Thursday, February 02, 2017

***Poets' Corner- Langston Hughes- With The Negro Speaks Of Rivers In Mind

February is Black History Month






The Negro Speaks of Rivers



… she, sable in a stable born or some such as Mister would provide for a fecund mother and maybe his “wife” she, daughter of the Nubian civilized night in times when old Pharaoh and his ilk (and his damn slaves too) up in Egypt land were still trying to figure out how to turn that straw into bricks and that reed weed in paper, daughter of the long flow Nile mother of waters in ancient times she, daughter of ancient Mother Africa, Africa before the international slavers came to breakup tribal bonds, break up families and cast seed to the winds, she, Hattie, Aunt Betty, Sarah, Lettie, she, no proud names now but some sour Missy given, she/they now of the Yazoo in the dark Mississippi night (dark for her not giving a damn about Mister’s best 28,000 acres of the best bottomland in the state and his night time crawls), sat washing sheets (and other dirtied wear too but sweated, unfurled sheets first made of fine cool linen as she could feel as she braced the two gentle stones between the folds), riverbank washing sheets (washing sheets for Mister, Missy, Mister Luke, Miss Sarah and old rowdy Mister’s high yella in Jackson, Mona, damn she was the worse by far wanting two sets of sheets to bounce Mister’s lusts) like one thousand generation washing womenfolk forbear crashing ancient stones to bleed the dirt from some exertions she, and wistfully dreaming freedom dreams, small town freedom dreams like Cousin Eddy escaped and followed the Northern star, followed his dreams away from tortured rivers, and away from white sheet sprawls.

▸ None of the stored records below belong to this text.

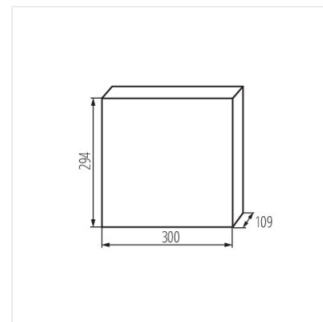

KDB

Розподільний пристрій серії KDB

KDB-S24P
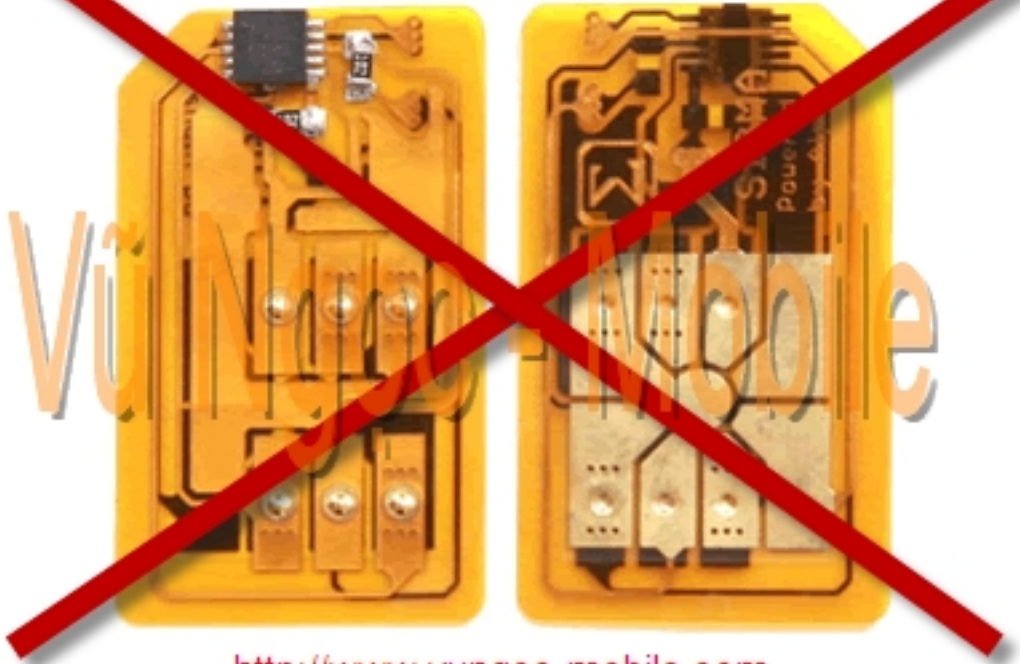

- Unlock Network (Mở khóa mạng trực tiếp - Direct Unlock)
- Unlock user code (Mở khóa máy, khóa bàn phím, khóa chức năng..)
- Sửa lỗi - nâng cấp phần mềm

**Sử dụng tất cả các mạng của Việt Nam**

- 2G - Mobifone
- 2G - Vinaphone
- 2G - Vietnammobile
- 2G - Viettel
- 2G - Beeline
- 3G - Mobifone (W Mobile Vietnam 452 01)
- 3G - Vinaphone (W Vina Vietnam 452 02)
- 3G - Viettel (W Viettel Vietnam 452 04)

**Giải mã mở mạng không dùng sim ghép**

<http://www.vungoc-mobile.com>
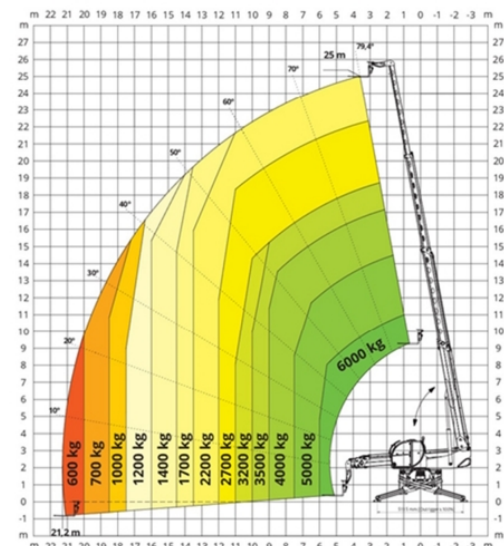

Technische Daten

max. Hubhöhe in m ca.:	25,00
max. seitl. Reichweite in m ca.	21,20
Abmessung (L x B x H) in m ca.	7,63 x 2,53 x 3,15
max. Tragkraft in kg ca.	6.000
Antrieb	Diesel
Drehbereich:	360°
max. Leistung in KW / PS ca.:	100 / 136
Betriebsgewicht in kg ca.	18.000
Länge der Palettengabel in m:	1,20
	Geländegängig
Zubehör:	Gabel, Seilwinde, Lasthaken

LASTDIAGRAMM AUF
AUSGEFAHRENEN STÜTZEN 360 GRAD
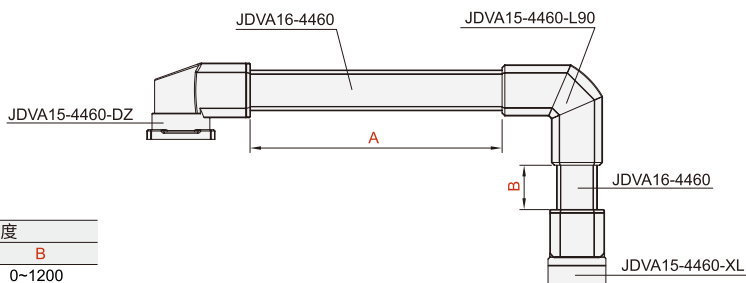

# 悬臂组件 ◀ 4460系列

代码	型号	材质
JDVA01	4460	压铸铝合金
JDVA02		
JDVA03		

■注:组件不包含控制箱,需单独订购

JDVA01

型号	悬臂长度	
代码	A	B
JDVA01	0~1000	0~1200

JDVA02

型号	悬臂长度		
代码	A	B	C
JDVA02	0-1000	0-1000	0-1000

JDVA03

型号	悬臂长度	
代码	A	B
JDVA03	0~1000	0~1200

请按图示订货

## JDVA01-A300-B600

代码	悬臂长度	
JDVA01	A	B
	0-1000	0~1200

交期Delivery

5天 发货

○本产品发货时间不含周日
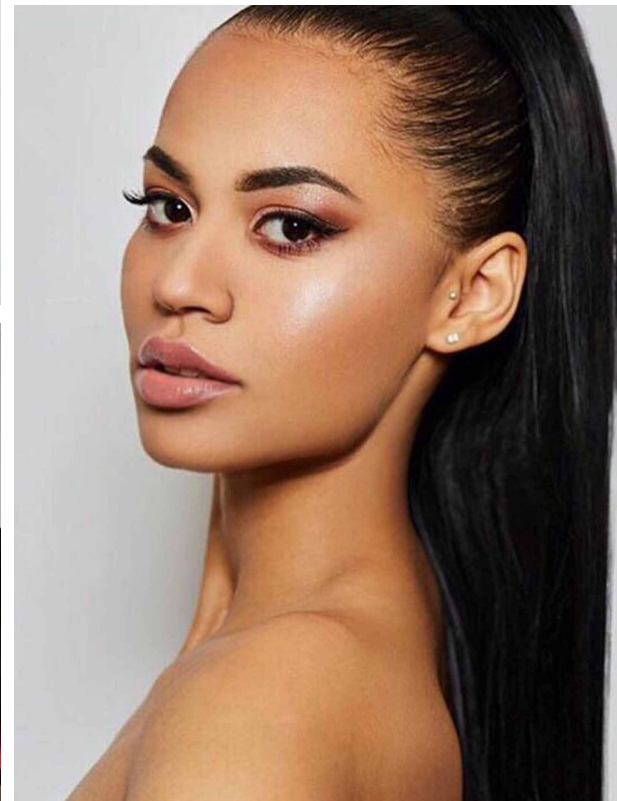

SAMANTHA

HEIGHT: 5"6 // WAIST: 25" // SHOE SIZE (UK): 6 // BUST: 35"
HIPS: 36" // DRESS SIZE (UK): 8 // EYES: BROWN // HAIR: BLACK

info@zenamodelsuk.co.uk
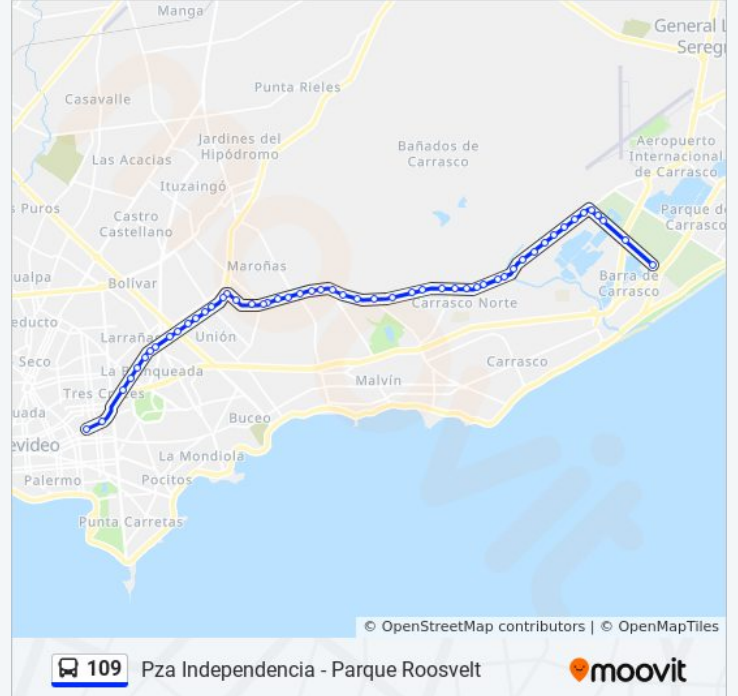

Cno Carrasco - Hipolito Yrigoyen Suburbanas

Cno Carrasco Y Pla Al Oeste De Roberto Berro

Cno Carrasco Y 1ra Pla Al Este De Piran  
Suburbana

Cno Carrasco - Irun

Cno. Carrasco & 20 De Febrero

Cno Carrasco Y Gral Jose Villagran

Av 8 De Octubre - Joaquin Secco Illa

Av 8 De Octubre - Av Dr Manuel Albo

Av 8 De Octubre - Pte Berro

Av 18 De Julio Y Alejandro Beisso

**Sentido: 8 De Octubre Y Luis A De Herrera**

45 paradas

[VER HORARIO DE LA LÍNEA](#)
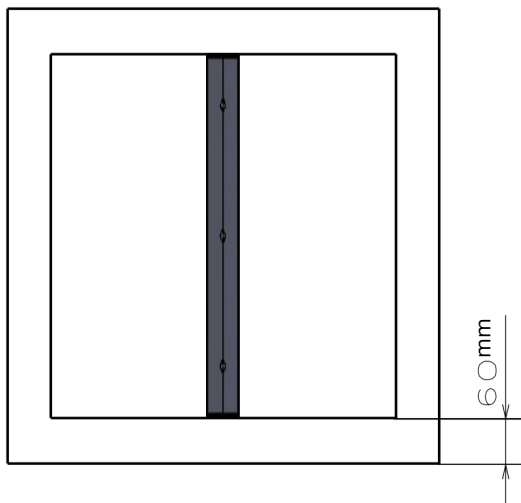

Massivholzplatten quadratisch - Plattenstärke 18 mm mit Randaufdoppelung auf 36 mm

40 bis
80 cm

40 bis
80 cm

18 mm
36 mm

Antiverzugsschiene Länge 27 bis 67 cm

Metallstärke 5 mm / 40 mm Breite

Massivholzplatten rechteckig - Plattenstärke 18 mm mit Randaufdoppelung auf 36 mm

40 bis
120 cm

40 bis
80 cm

18 mm
36 mm

6 cm Antiverzugsschiene Länge 27 bis 67 cm
Metallstärke 5 mm / 40 mm Breite

Standard
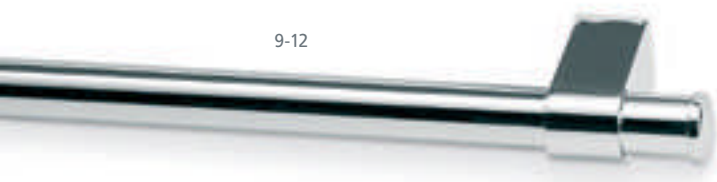

Metallrundreling

Metal rail system

Barre d'agencement rondo

Lineros cilindrico

3522

Stahl
Steel
Acier
Acero

9-12

1	25014	600	16	N
2	25013	1000	16	N
3	24033	1200	16	N
4	25028	1500	16	N
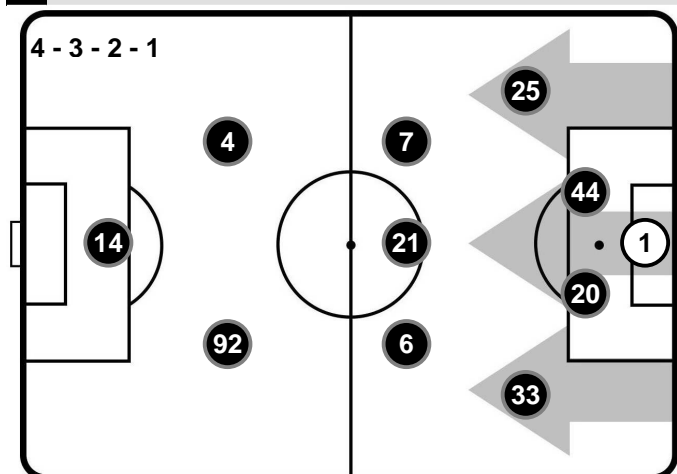

ROMA

- 1 ALISSON (P)
- 25 BRUNO PERES
- 44 KOSTAS MANOLAS
- 20 FEDERICO FAZIO
- 33 JONATHAN SILVA
- 7 LORENZO PELLEGRINI
- 21 MAXIME GONALONS
- 6 KEVIN STROOTMAN
- 4 RADJA NAINGGOLAN
- 92 STEPHAN EL SHAARAWY
- 14 PATRIK SCHICK
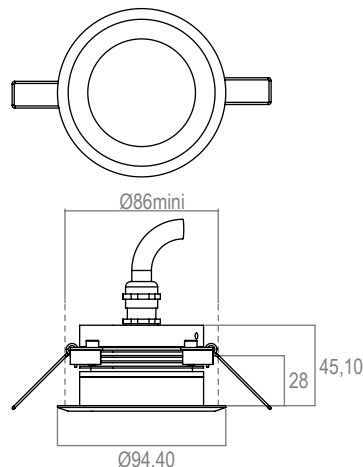

## CUPO 3 - 350mA - IP20

Collerette BIZO

Code : 661543

Vert - 30°

## CARACTERISTIQUE ECLAIRAGE

LED	3 LED 1W
OPTIQUE	médium : 30°
COULEUR	vert

## CARACTERISTIQUE MECANIQUE

MATERIAUX	Collerette BIZO en inox. Corps en aluminium anodisé. Verre clair.
POIDS	500 gr.
CLASSIFICATION	IP20
RESISTANCE AU FIL INCANDESCENT	960°
FIXATION	Livré avec ressorts.
OPTIONS (nous consulter)	autres longueurs de câble
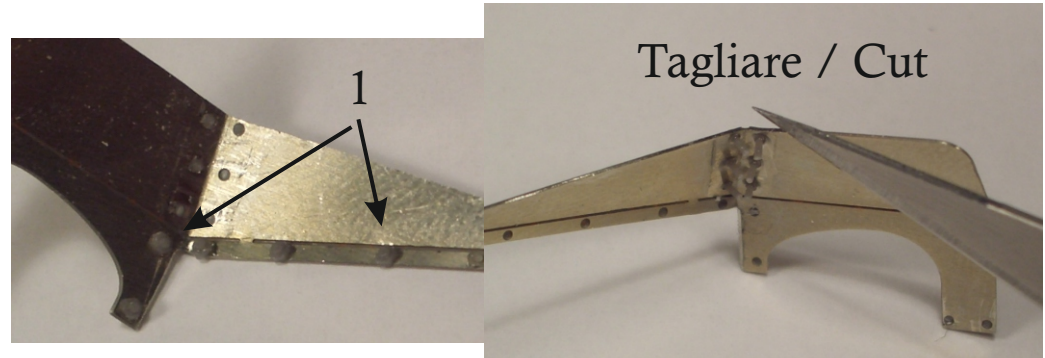

Copyright © 2016 Brach Model  
Vietata la riproduzione. Tutti i diritti riservati.

Internet: www.brachmodel.it  
E-mail: info@brachmodel.it

Scala 1/35  
**BM 138**

**Semovente  
90/53**

1

**ISTRUZIONI  
SCAFO**  
-----  
**HULL  
INSTRUCTIONS**

Forare / Pierce 0,4mm

bulloni conici  
conical bolts

ISTRUZIONI CANNONE / CANNON INSTRUCTIONS

6

ASSEMBLAGGIO  
CANNONE  
+ SCAFO

ASSEMBLING  
CANNON  
+ HULL

Filo  
rame  
Copper  
wire

OPTION

Dreaming, back to Africa dreaming heard around sullen camp fires with too little wood to keep the devil away and a body dry and warm and in broken down cabins not fit for Mister’s horses (little knowing that some Mister up North and his brethren were chain slaving thoughts of shipping her brethren, Cousin Eddy in that small town for one, back to that strange land that disturbed her sleep, dreaming fourth, or was it fifth generation dreaming of breaking out of Yazoo mucks, of endless dawn to dusk toils, and of unspoken, unspeakable Mister riverbank wants.

But mostly she dreamed of Toby, of freedom river Toby, her oldest, now this night six months fled, now river fled north, north by the guiding light, north from what the tom toms called, what that other Mister, the train conductor Mister called, the underground river, the river up from Yazoo mucks, up from Mississippi Delta stilts, up to Cairo town waters, yah, up that freedom river like some ancient Nile freedom from pharaoh lashes, from hot suns, from dusty, white, white until you hated the sight of white, bottom land cotton and then move.

And now, just now while daydream wondering where in this wicked old Mister world her beloved Toby was, her thoughts turned to Bob, her thirteen year old come summer Bob standing not a hundred yards from her putting those damn sheets to dry, singing softy about old pharaoh times, about Red Sea parting times, about, and this caused her panic, following the drinking gourd, following she knew the guiding light north, away from Yazoo mucks, and Mississippi silts. She knew, knew deep in her bones that some night, and it would not be long, her Bob too would be other Mister- headed Cairo town bound and that she would have two wonders, two wonders to think of every time she came, one thousand womenfolk generation washing, washing Mister’s sheets in Yazoo mucks.

Little did she know, Miss Hattie , Aunt Betty, Miss Sarah, Miss Lettie know, that not far from Yazoo rivers, one Toby X (let’s not call him some Mister name, some misname, but know he was the son of those sweet Yazoo River washings, and so know a man had been born, was part of the crew on a pilot boat attached to old Mister General Billy Sherman’s bummers and was raising hell with Mister’s kindred and that before long, all Union blue-capped and uniform yellow-striped, he would be heading toward Yazoo rivers too.



Negro Speaks Of Rivers

I've known rivers:


I've known rivers ancient as the world and older than the

flow of human blood in human veins

My soul has grown deep like the rivers.

I bathed in the Euphrates when dawns were young

I built my hut near the Congo and it lulled me to sleep.

I looked upon the Nile and raised the pyramids above it.

I heard the singing of the Mississippi when Abe Lincoln

went down to New Orleans, and I've seen its muddy

bosom turn all golden in the sunset

I've known rivers:

Ancient, dusky rivers.

My soul has grown deep like the rivers.